38. Count and Say
題目簡介
The count-and-say sequence is the sequence of integers beginning as follows:
1, 11, 21, 1211, 111221, …1 is read off as “one 1” or 11.
11 is read off as “two 1s” or 21.
21 is read off as “one 2, then one 1” or 1211.
Given an integer n, generate the nth sequence.
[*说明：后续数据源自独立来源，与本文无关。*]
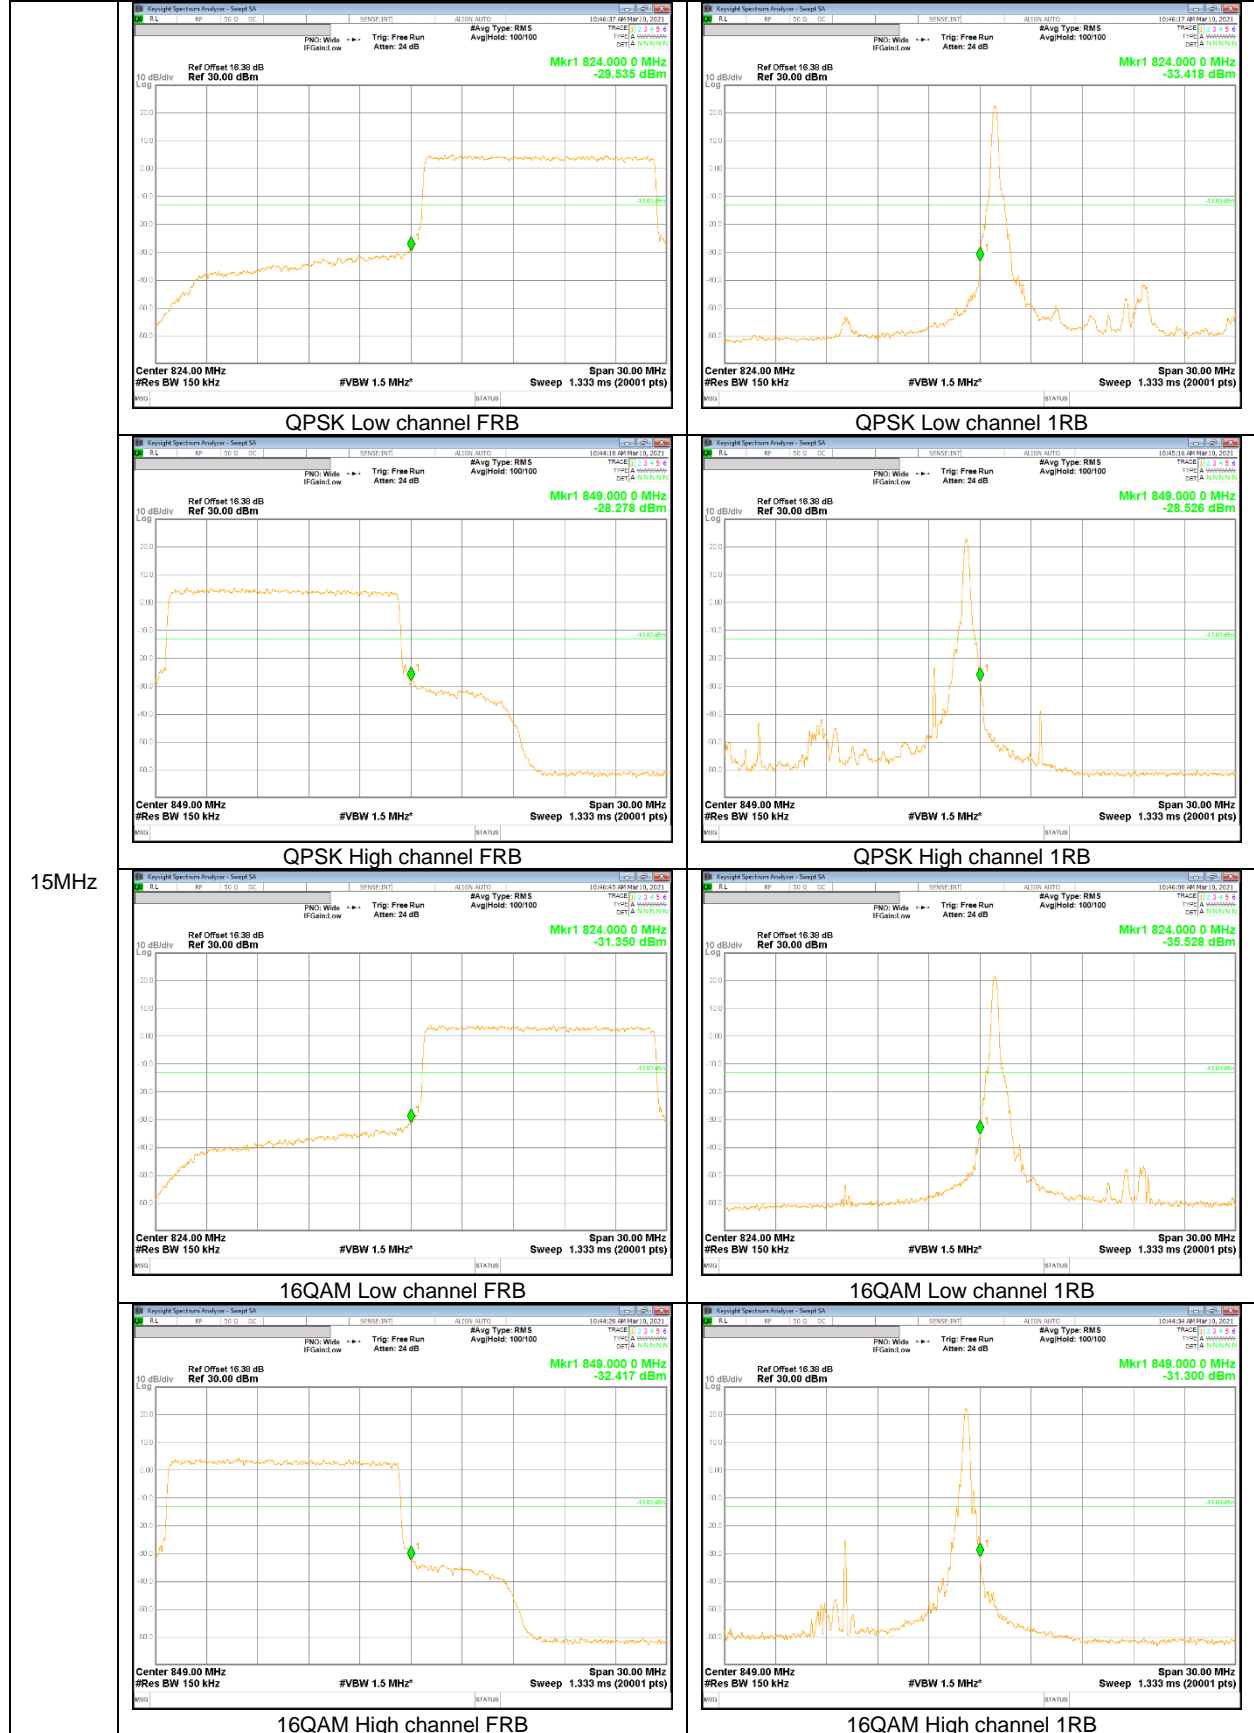

LTE Band 13

10MHz

5MHz

5MHz

LTE Band 25

15MHz

10MHz

5MHz

3MHz

LTE Band 26 (Part 22)

15MHz

10MHz

5MHz

3MHz

1.4MHz

LTE Band 66

20MHz

15MHz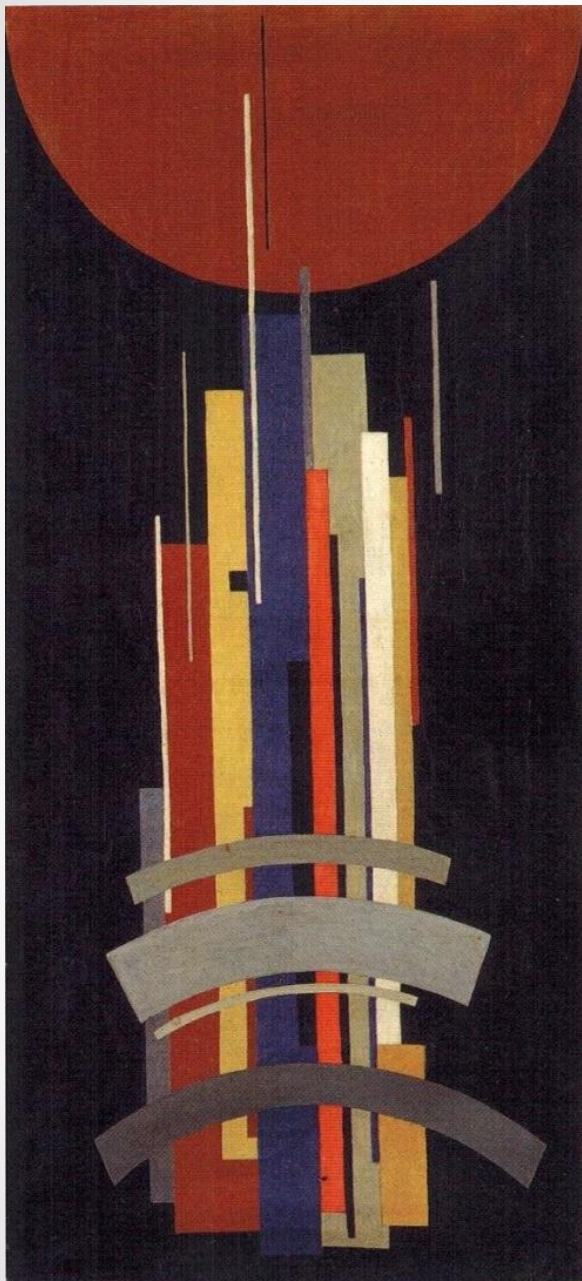

# ХУДОЖНИКИ ФОРМАЛИСТЫ

Илья  
Григорьевич  
Чашник

Супрематизм. 1923.

Холст, масло

Композиция.

1925-1926.

Холст, масло.

Космос - красный  
круг на чёрной  
поверхности. 1925

Вертикальные оси в движении.

Начало 1920-х. Холст, масло

Композиция. 1926. Холст, масло.

Композиция

Около 1925.

Бумага, акварель,  
графитный карандаш,

тушь

Николай  
Михайлович  
Суетин

Супрематизм

1920-1921

Холст, масло

«Архитектон»

1927 г

акварель, тушь

Эскиз росписи стены

1920 г

Казимир  
Северинович  
Малевич

Мистический  
супрематизм  
(черный крест на  
красном овале).

1920–1922.

Холст, масло

?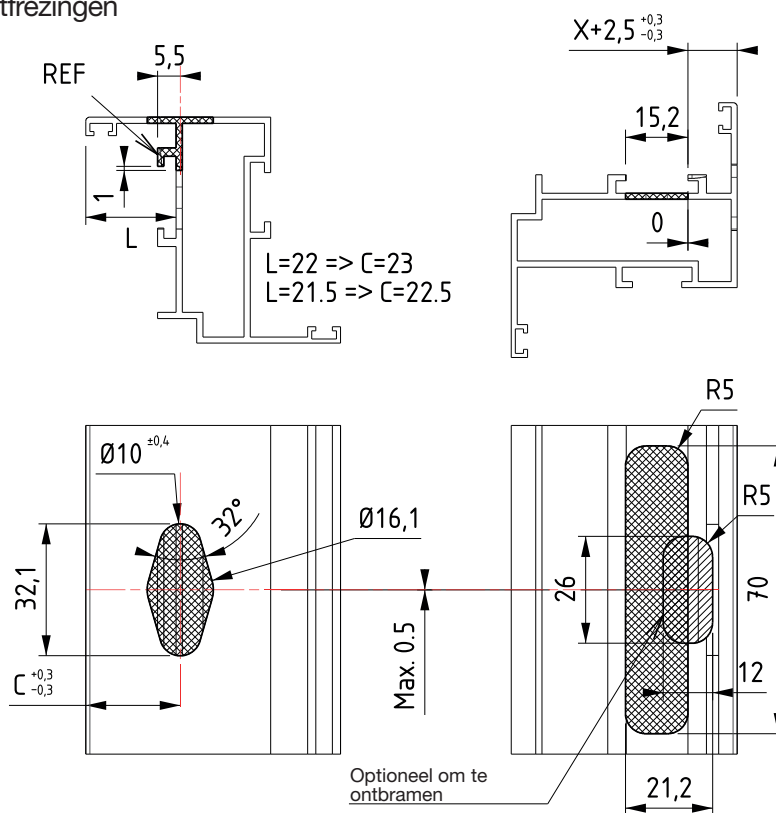

F1850AL-25 ■■

F1852AL-25 ■■

F1855AL-25 ■■

F1857AL-25 ■■

Inbouwslot met rozetloze raamkruk

Profielafmeting

Uitfrezingen

Profielbewerkingen B

Inbouwslot met handgreep 43/7

Profielafmeting

Uitfrezingen

Profielbewerkingen C

Inbouwslot met handgreep 43/7

Profielafmeting

Voor handgrepen:

- Edge nr. F30000-682-25
- Edge nr. F30000-688-25
- Horizon nr. F30000-680-25
- Horizon nr. F30000-680B-25
- Sobinox
- Sobinal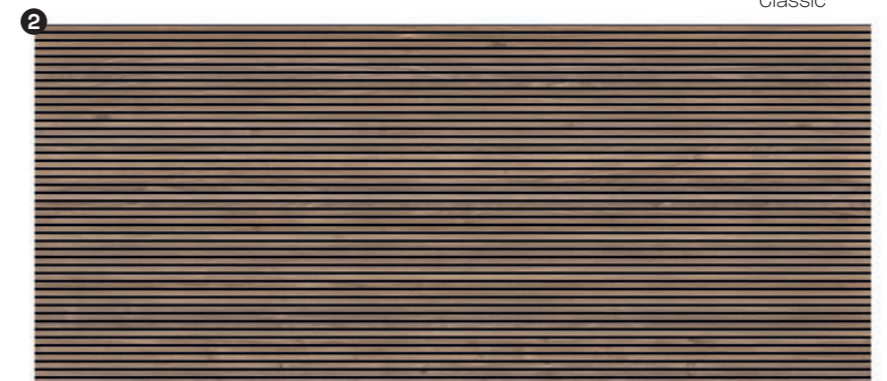

Komi

dlažba

obklad

mat

kalibrovaná

mrazuvzdorná

tloušťka 6,5 mm
variace odstínů V3
protiskluz R10

Ceny včetně 21% DPH.
Změna cen vyhrazena.

Natural

Original

Traditional

Elegant

Classic

Lodge Elegant

sokl 5 × 120

699 Kč/ks
7 ks/bal.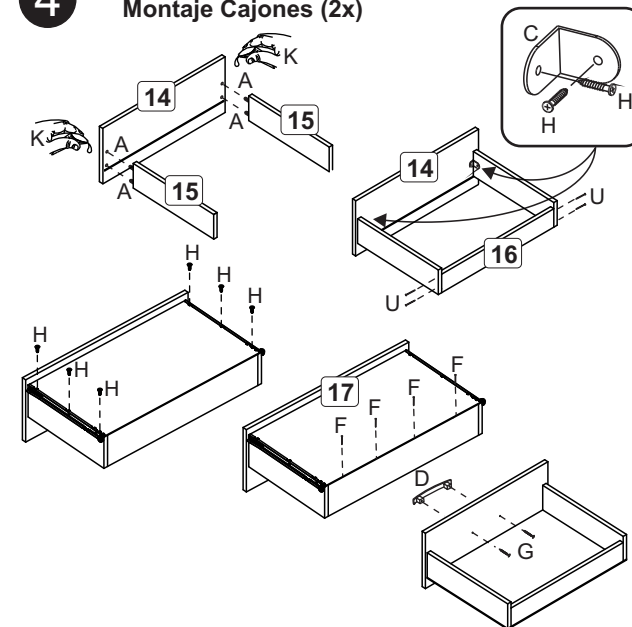

4 Montagem Gavetas (2x) Montaje Cajones (2x)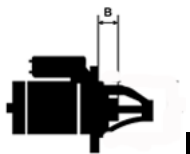

LICZBA 3 (3 GWINTO

OTWORÓW WANE)

MOCUJĄCYC

H:

UWAGI

:

Wymiar	mm
B	-5,00

11 12

Wymiar	mm
O1	119,00
O2	84,00
O3	83,00

NUMER  
Y REFE  
RENCYJ  
NE

PRODU CENT	OEM
DENSO	428000 -1620
PEUGE OT / CI TROEN	5802EF ; 5802 Z5; 58 02Z6;
PEUGE OT / CI TROEN	5802Z7 ; 95555 07680; 964697 2280;
PEUGE OT / CI TROEN	964715 7980; 9 648242 180;
HC	CS1342
VALEO	D8R27
VALEO	D8R29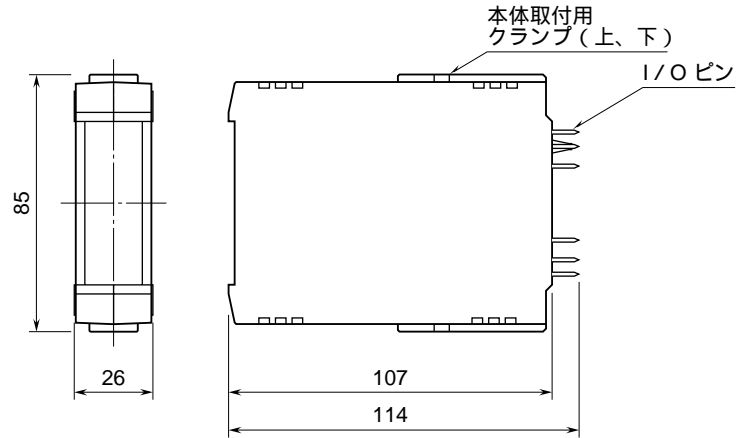

<h1>外形図</h1>	<h2>25TS</h2>	<h2>25・UNIT</h2>
	<h3>カップル変換器</h3>	

特記事項

外形寸法図 (単位: mm)

端子接続図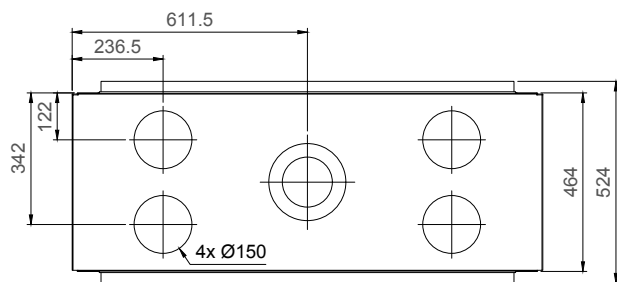

Luna 1150 DH Diamond

ECO WAVE

vermogen / puissance	*2 - 8,5 kW
rendement / rendement	85,4 %
gewicht / poids	130 kg
afwerkingsmaat / dimensions visibles	1085 x 408 mm
rookkanaal / conduit	Ø 200/130 mm

of Ø150/100 zie handleiding / ou Ø150/100 voir manuel
* min. indien Eco-wave ingeschakeld / min. si l'Eco-wave est activé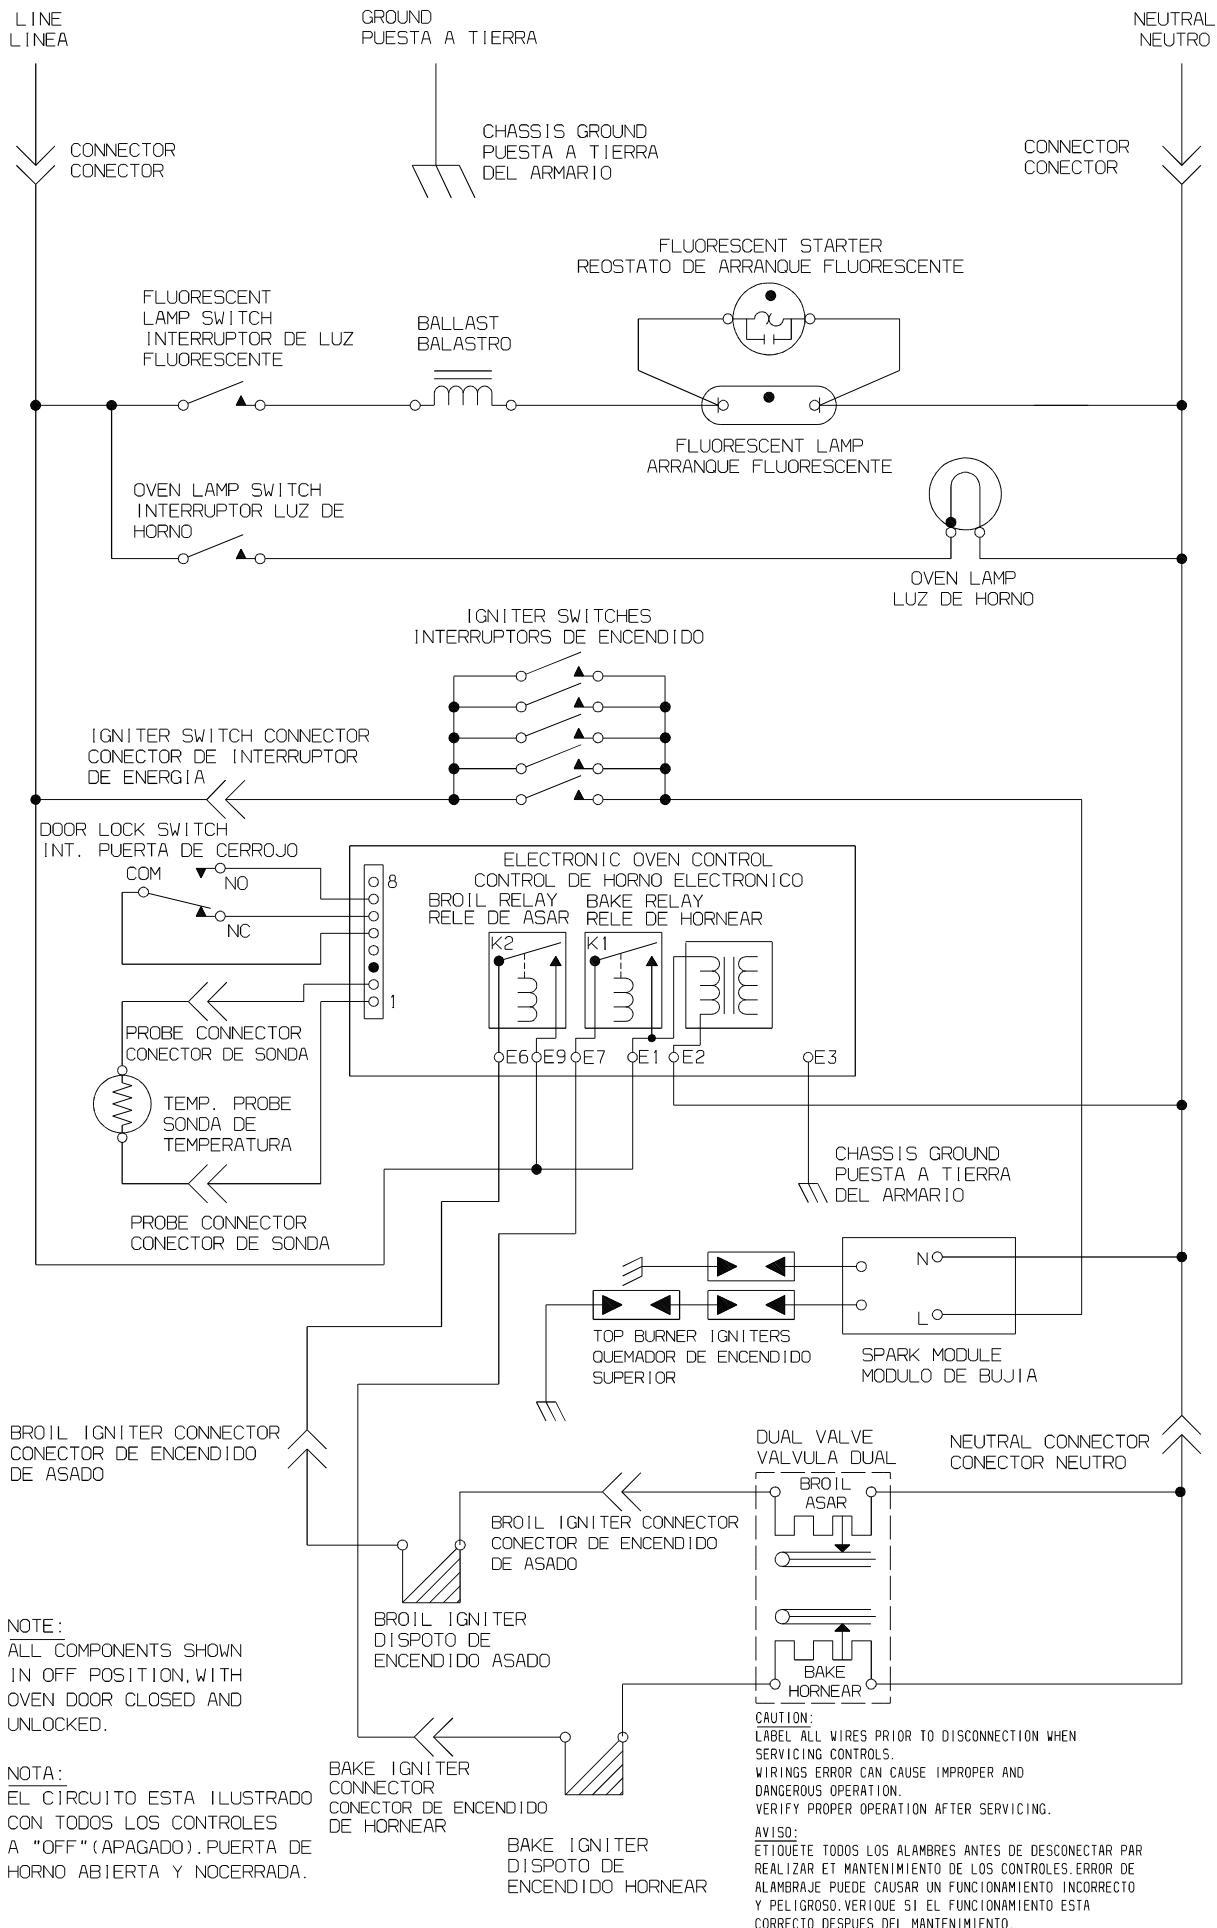

CAUTION:
 LABEL ALL WIRES PRIOR TO DISCONNECTION WHEN SERVICING CONTROLS. WIRINGS ERROR CAN CAUSE IMPROPER AND DANGEROUS OPERATION. VERIFY PROPER OPERATION AFTER SERVICING.

AVISO:
 ETIQUETE TODOS LOS ALAMBRES ANTES DE DESCONECTAR PAR REALIZAR Y MANTENIMIENTO DE LOS CONTROLES. ERROR DE ALAMBRAJE PUEDE CAUSAR UN FUNCIONAMIENTO INCORRECTO Y PELIGROSO. VERIFIQUE SI EL FUNCIONAMIENTO ESTA CORRECTO DESPUES DEL MANTENIMIENTO.

WARNING
 DISCONNECT POWER BEFORE SERVICING UNIT
AVISO
 DESCONECTE LA ENERGIA ANTES DE REALIZAR EL MANTENIMIENTO DEL ELECTRODOMESTICO.

COLOR WIRE NO. / NO. DE COLOR DE ALAMBRE
 G/Y-1

COLOR CODE / CODIGOS DE COLOR

BK. - BLACK / NEGRO	P. - PINK / ROSA
BL. - BLUE / AZUL	PR. - PURPLE / PURPUREO
BR. - BROWN / MORENO	R. - RED / ROJO
C. - COPPER / COBRE	T. - TAN / TOSTADO
G. - GREEN / VERDE	V. - VIOLET / VIOLETA
GY. - GREY / GRIS	W. - WHITE / BLANCO
O. - ORANGE / NARANJA	Y. - YELLOW / AMARILLO

2	18	125	3173
1	20	125	3173
WIRE ALAMBRE	GAGE MEDIDA	TEMP °C	UL STYLE MODO UL

318045806 REV C

NOTE:
 ALL COMPONENTS SHOWN
 IN OFF POSITION, WITH
 OVEN DOOR CLOSED AND
 UNLOCKED.

NOTA:
 EL CIRCUITO ESTA ILUSTRADO
 CON TODOS LOS CONTROLES
 A "OFF" (APAGADO). PUERTA DE
 HORNO ABIERTA Y NOCERRADA.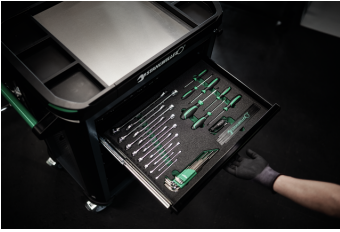

Gereedschapswagen 95 PRO

95/8 PRO

Artikelnr. **81200166**
GTIN **4018754334698**
Model **95/8 A PRO**

Aanwijzing.

Gereedschapswagen 95/8 PRO 8 Stuwkracht 496 x 827 x 1020 mm antraciet, RAL 7016

Voordelen.

Beveiligingsconcept in drie fasen: 1. Centraal vergrendelbaar door middel van zijdelings cilinderslot met uitklapbare sleutel 2. Aparte vergrendeling voorkomt onbedoeld opengaan tijdens het rijden 3. Kantelbeveiliging - het is niet mogelijk om meerdere laden tegelijkertijd uit te trekken.

Hoogtepunten van het product.

Technische tekening.

Technische kenmerken.

| | |
|----------------------------|---------------------------------------------------|
| Aantal laden | 8 |
| Breedte mm (b) | 827 mm |
| Vouwtang | antraciet, RAL 7016 |
| Kleur | RAL 7016; RAL 9005 |
| Hoogte mm (h) | 1020 mm |
| Lengte mm (L) | 496 mm |
| nr. | 95/8 A PRO |
| Afmetingen interne lade mm | 346 x 528 x 75 mm (7x) 346 x 528 x 134 mm (1x) |
| Draagvermogen lade | 30 kg 45 kg |
| Laadvermogen | 750 kg |

Note: The sequence of integers will be represented as a string.s
解法一:迭代
思路如下:遍歷前一個字符串的字符,若上一個字符和當前字符相等就自增加計數,否則輸出到res中並且初始化計數器。
此種方法同前面去除數組中相同的元素。
string countAndSay(int n) {
if(n==0) return "";
string prev = "1";
string res = "";
int count=1;
for(int i=1;i<n;i++){
for(int j=1;j<=prev.length();j++){
if(j==prev.length()){
cout<<i<<": "<<prev[j]<<endl;
}
if(prev[j-1]==prev[j]){
count++;
}else{
res += to_string(count);
res += prev[j-1];
count = 1;
}
}
prev = res;
res = "";
/* ~~My Own Stupid Code ~~s
ch = prev[0];
count = 1;
for(int j=1;j<prev.length();j++){
while(ch==prev[j]){
count++;
j++;
}
res += count;
res += ch;
ch = prev[j];
count = 1;
}
prev = res;
res = "";
cout<<i+1<<" "<<res;
*/
}
return prev;
}
解法二:遞歸
string countAndSay(int n) {
if(n==1) return "1";
string prev = countAndSay(n-1);
int left = 0;
int right = 0;
string res = "";
while(left<prev.length()){
while(prev[left]==prev[right]) right++;
res += to_string(right-left)+ prev[left];
left = right;
}
return res;
}s總結
起初我在思考這個問題的時候,並沒有想到遞歸,使用遞歸將會簡化代碼,更好的理解。
在使用迭代方法時,有以下一些注意事項:
1. 注意邊界值
- 遍歷次數從1到n-1: int i=1;i<n;i++;
- 每個字符串遍歷: for(int j=1;j<=prev.length();j++) ;
- 對於字符串的prev[length]爲\0
2. 不需要單獨定義一個char存儲當前字符
3. 邏輯很簡單,simple is better.